### ASSIGNMENT:
Write each entry out again verbatim, pictures excluded.

(Records contained in a dataset)
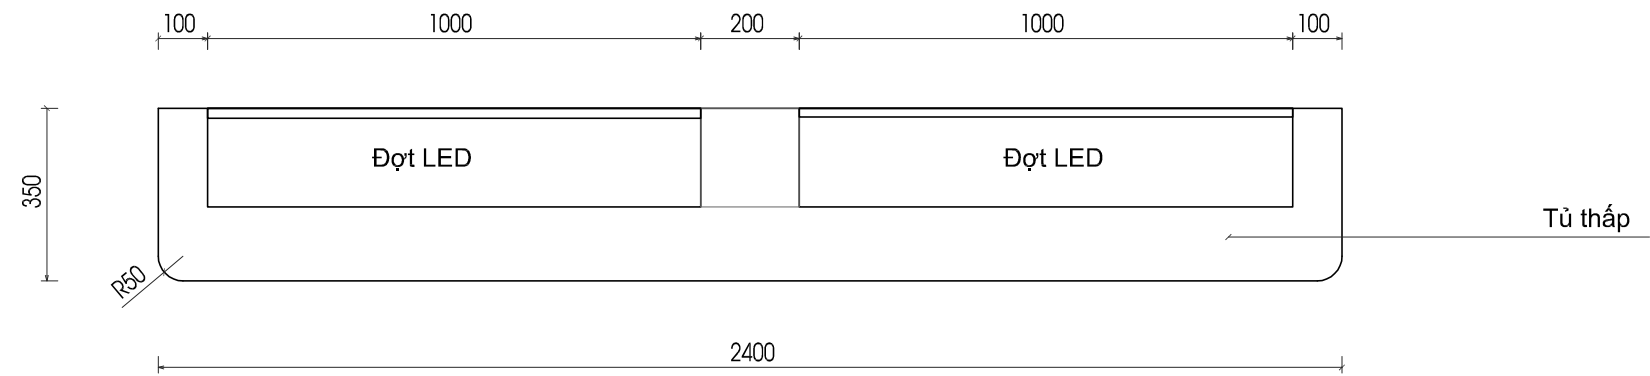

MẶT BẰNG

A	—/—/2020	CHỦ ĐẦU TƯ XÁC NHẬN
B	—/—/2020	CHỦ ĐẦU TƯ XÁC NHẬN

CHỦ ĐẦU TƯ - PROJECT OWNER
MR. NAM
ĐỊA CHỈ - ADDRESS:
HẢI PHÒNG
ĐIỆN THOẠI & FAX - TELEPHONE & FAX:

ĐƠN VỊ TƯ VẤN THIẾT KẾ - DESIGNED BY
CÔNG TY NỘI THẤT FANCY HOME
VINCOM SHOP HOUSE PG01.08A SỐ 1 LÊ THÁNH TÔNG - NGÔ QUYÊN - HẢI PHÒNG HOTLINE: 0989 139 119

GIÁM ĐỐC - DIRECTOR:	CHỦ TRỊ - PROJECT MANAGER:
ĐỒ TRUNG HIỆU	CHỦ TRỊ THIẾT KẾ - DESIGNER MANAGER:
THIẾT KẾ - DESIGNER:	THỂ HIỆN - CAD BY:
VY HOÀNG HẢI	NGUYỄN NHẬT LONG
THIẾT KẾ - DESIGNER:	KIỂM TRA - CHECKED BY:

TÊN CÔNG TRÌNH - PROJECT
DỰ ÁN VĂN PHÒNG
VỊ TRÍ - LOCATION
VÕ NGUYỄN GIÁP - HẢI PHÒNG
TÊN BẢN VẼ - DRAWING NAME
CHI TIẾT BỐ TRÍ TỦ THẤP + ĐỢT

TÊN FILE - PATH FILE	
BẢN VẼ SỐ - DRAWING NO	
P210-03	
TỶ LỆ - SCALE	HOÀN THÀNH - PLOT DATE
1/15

### SOLUTION FOR THIS EXERCISE:
MẶT BẰNG

A	—/—/2020	CHỦ ĐẦU TƯ XÁC NHẬN
B	—/—/2020	CHỦ ĐẦU TƯ XÁC NHẬN

CHỦ ĐẦU TƯ - PROJECT OWNER
MR. NAM
ĐỊA CHỈ - ADDRESS:
HẢI PHÒNG
ĐIỆN THOẠI & FAX - TELEPHONE & FAX:

ĐƠN VỊ TƯ VẤN THIẾT KẾ - DESIGNED BY
CÔNG TY NỘI THẤT FANCY HOME
VINCOM SHOP HOUSE PG01.08A SỐ 1 LÊ THÁNH TÔNG - NGÔ QUYÊN - HẢI PHÒNG HOTLINE: 0989 139 119

GIÁM ĐỐC - DIRECTOR:	CHỦ TRỊ - PROJECT MANAGER:
ĐỒ TRUNG HIỆU	CHỦ TRỊ THIẾT KẾ - DESIGNER MANAGER:
THIẾT KẾ - DESIGNER:	THỂ HIỆN - CAD BY:
VY HOÀNG HẢI	NGUYỄN NHẬT LONG
THIẾT KẾ - DESIGNER:	KIỂM TRA - CHECKED BY:

TÊN CÔNG TRÌNH - PROJECT
DỰ ÁN VĂN PHÒNG
VỊ TRÍ - LOCATION
VÕ NGUYỄN GIÁP - HẢI PHÒNG
TÊN BẢN VẼ - DRAWING NAME
CHI TIẾT BỐ TRÍ TỦ THẤP + ĐỢT

TÊN FILE - PATH FILE	
BẢN VẼ SỐ - DRAWING NO	
P210-03	
TỶ LỆ - SCALE	HOÀN THÀNH - PLOT DATE
1/15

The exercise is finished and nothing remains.